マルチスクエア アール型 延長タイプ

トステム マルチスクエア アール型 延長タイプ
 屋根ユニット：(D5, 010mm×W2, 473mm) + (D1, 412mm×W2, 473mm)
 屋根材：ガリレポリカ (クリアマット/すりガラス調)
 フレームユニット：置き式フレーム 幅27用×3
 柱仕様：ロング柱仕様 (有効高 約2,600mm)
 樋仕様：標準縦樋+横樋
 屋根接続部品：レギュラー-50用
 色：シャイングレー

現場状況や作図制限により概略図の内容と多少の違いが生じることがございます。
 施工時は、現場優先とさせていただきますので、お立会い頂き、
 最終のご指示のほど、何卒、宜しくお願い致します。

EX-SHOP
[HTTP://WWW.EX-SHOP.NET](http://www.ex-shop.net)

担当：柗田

* * *

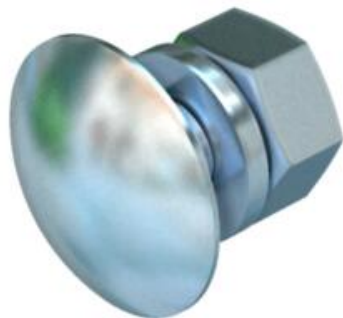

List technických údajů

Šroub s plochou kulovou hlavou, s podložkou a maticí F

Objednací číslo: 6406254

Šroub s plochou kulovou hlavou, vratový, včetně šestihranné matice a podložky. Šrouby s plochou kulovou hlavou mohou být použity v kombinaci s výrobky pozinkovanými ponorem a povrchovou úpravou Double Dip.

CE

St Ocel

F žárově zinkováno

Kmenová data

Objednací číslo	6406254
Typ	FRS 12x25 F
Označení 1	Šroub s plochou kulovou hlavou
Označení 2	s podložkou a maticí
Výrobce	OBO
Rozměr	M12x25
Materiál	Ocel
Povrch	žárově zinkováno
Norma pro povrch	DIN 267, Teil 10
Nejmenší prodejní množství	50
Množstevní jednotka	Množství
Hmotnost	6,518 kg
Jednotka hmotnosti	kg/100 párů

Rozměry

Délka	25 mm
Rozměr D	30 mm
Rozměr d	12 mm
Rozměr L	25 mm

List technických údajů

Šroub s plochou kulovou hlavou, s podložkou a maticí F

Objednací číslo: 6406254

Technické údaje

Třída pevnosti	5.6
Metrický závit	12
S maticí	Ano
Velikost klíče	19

* * *

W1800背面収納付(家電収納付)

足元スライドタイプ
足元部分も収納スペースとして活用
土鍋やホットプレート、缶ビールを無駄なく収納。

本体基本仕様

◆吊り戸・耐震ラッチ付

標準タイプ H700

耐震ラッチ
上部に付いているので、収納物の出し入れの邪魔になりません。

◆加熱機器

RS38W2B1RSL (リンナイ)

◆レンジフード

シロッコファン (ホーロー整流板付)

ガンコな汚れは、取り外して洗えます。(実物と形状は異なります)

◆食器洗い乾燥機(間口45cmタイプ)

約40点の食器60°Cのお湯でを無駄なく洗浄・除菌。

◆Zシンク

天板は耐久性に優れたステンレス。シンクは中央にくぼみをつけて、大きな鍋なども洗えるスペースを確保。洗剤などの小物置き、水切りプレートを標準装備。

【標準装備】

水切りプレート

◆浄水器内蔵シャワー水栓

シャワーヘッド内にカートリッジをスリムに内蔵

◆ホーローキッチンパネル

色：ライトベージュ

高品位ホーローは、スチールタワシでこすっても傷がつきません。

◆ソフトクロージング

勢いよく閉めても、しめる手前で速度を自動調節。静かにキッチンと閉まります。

To do: Give the count of lines in the listing that hold the word "hlavou", and nothing else.

Answer space: 4